Enigma of Nick Kyrgios hard to work out but Murray cruises

The Scot eased past brooding Aussie in to ninth consecutive Wimbledon quarter-final

Andy Murray stretches to return against Australia’s Nick Kyrgios, who said after the first set “the rest of the match was pretty pathetic”. Photograph: PA.

Andy Murray stretches to return against Australia’s Nick Kyrgios, who said after the first set “the rest of the match was pretty pathetic”. Photograph: PA.

 

Framed as the first serious test of Andy Murray, Australian Nick Kyrgios, playing on Centre Court with no full-time coach behind him because he doesn’t want to listen, because he feels his game is big enough to mix it with the best in the world and because he wants to be the architect of his own downfall or triumph, met an immovable object.

The evening session, tailored for television, so that Murray can suck from the will of the entire nation as well as 15,000 in the stadium, was a savage tutoring of the talented Kyrgios on the first day of Wimbledon’s second week.

“Good first set,” said Kyrgios in a distracted, flippant summation. “The rest of the match was pretty pathetic. I was really comfortable first set. As soon as I lost the first I lost belief. It felt like a mountain to climb. I’m a little bit soft still. When things get tough I’m a little soft.”

Although the 21-year-old was bidding to get to the quarter-finals for the second time, Murray’s owned the arena, his straight set win putting him into his ninth consecutive Wimbledon quarterfinal, where he will meet Jo Wilfred Tsonga.

Tsonga came through his fourth-round match when his French Davis Cup team-mate Richard Gasquet hurt his back playing a forehand and like Japan’s Kei Nishikori earlier, was forced to retire

For a confidence player like Kyrgios, a likable brat with a trailer-trash haircut, the match was to be a breakthrough but instead became a schooling by Murray.

After a big opening from Kyrgios with whipped forehands and crystal sharp serving through the first set, which fell to Murray 7-5, the threat and menace evaporated in a 26 minute second act.

Murray broke serve at will and served out for the set at 5-1, aceing Kyrgios for the winner and a two-set lead. There was no way back. Murray on Centre court in the fourth round at Wimbledon does not cough up matches.

The Scot was also far from thinking of defending his lead.

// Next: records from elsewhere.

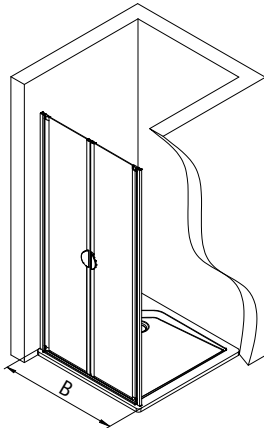

- Montageanleitung
- Assembly instructions
- Notice de montage
- Montagehandleiding
- Návod na montáž
- Instrucțiune de montaj
- Navodila za namestitev
- Installationstruktioener

Pos.	Bezeichnung	Ersatzteil-Nr.	Preis	Pos.	Bezeichnung	Ersatzteil-Nr.	Preis
1	2x Wandanschlussprofil	E100230-8	Stück 86,95 €	21*	6x Linsen-Blechschrabe 4,2 x 45 mm		
4	2x Seitenprofil	E23231	Stück 86,95 €	24	2x Wasserabweisprofil	E100058-5-2	Stück 23,00 €
7.1	1x Türelement rechts			25	1x Wasserleiste (inkl. Pos. 37)	E100050	Stück 30,00 €
7.2	1x Türelement links			27	2x Griff Blende	E100140-15	Stück 32,95 €
8	2x Drehlager	E23080-3	Set pro Seite 19,95 €	28	2x Griff innen		
9	2x Drehlager			29	2x Griff außen		
10	2x Unterlegteil			30	2x Montagehilfen	E100201-13	Set 12,00 €
13*	6x Abdeckkappe für Kappenschraube			32	2x Wasserleistenendkappe	E100211-17	Set 9,95 €
14*	6x Kappenschraube 3,5 x 9,5 mm			35	4x Endkappe Griffprofil	E23208-2	Stück 12,95 €
16*	4x Senkkopfschraube 3,5 x 25 mm			37	1x Klebestreifen		
17*	6x Dübel S6						
20	2x Magnetprofil	E100052-1	Set 54,95 €				
					* Schrauben und Abdeckkappenset	E23200-2	16,95 €

A	B
750 mm	725 - 760 mm
800 mm	775 - 810 mm
900 mm	875 - 910 mm
1000 mm	975 - 1010 mm

1

2x

2

3

1

2

4

8

1

2

3

4

Pos. 14

Pos. 13

60 mm

||

||

60 mm

Ø 3 mm

9

10

Second best in returning serve to only Novak Djokovic, Murray tightened the screws in the third game of the third set. Kyrgios was opening up the court but he was missing gimmes and Murray sensed a palpable swing in momentum.

Inevitably the Kyrgios serve fractured. For all of his charged ground strokes, tweeners (between the leg shots), no-look passing shots and wristy volleys, there was a flakiness about his game.

Theatrical and entertaining, Krygios does not need to change his lithe, varied style but he does require calibration, reinforcement to his temperament and some staying juice. The fault lines began to appear too quickly and too obviously, the result which was an unseemly undermining of his ability.

No more so when Krygios sat down in the third set changeovers, his head between his hands and elbows resting on his knees. Looking somewhat lost, the tattoo on his right arm was clearly visible. “Time is running out” read the ornate script.

Murray served in the third set for 3-1, Kyrgios missing a half volley drop shot that in the first set would have landed in. The match quickly raced to 5-3 but the number two seed wasn’t hanging around.

Murray pressed on the Australian serve taking it to advantage and match point and although Kyrgios saved, it was a short pause before exiting the competition, Murray, efficient, cold and effective completing the rout with an ace, 7-5, 6-1, 6-4. The two players embraced at the net, Murray a regular defender of the errant younger player.

“He said sorry. I said okay just go and win the tournament please,” said Kyrgios, who was then asked if he did everything he could to become a better professional.

“No.” He replied deflated, confused but without without elaborating.

Bernard Tomic’s epic five setter against French man Lucas Pouille means that there is at least one Australian player into the quarter-finals. Tomic won 6-4, 4-6, 6-3, 4-6, 10-8, the sort of scoreline that has prompted players to discuss having fifth-set tiebreaks as they do in the US Open.

Tsonga will have been relieved to have had an easy passage with Gasquet’s injury. His third-round match against American John Isner ended with him winning in the fifth set 19-17.

“Maybe they could make a tiebreak at 12-all. Yeah, it is rough for not only the players playing, but also the players that follow that court,” said Roger Federer, who equalled Martina Navratilova’s record of 14 quarter-finals with his seamless three-set win over American Steve Johnson.

“I think it’s super cool if it goes 12-all, 14-all, 18-all, 20-all, further and further.

“The Open, they have a breaker in the fifth. (Maybe) They can make a compromise and make a tiebreaker at 12-all?”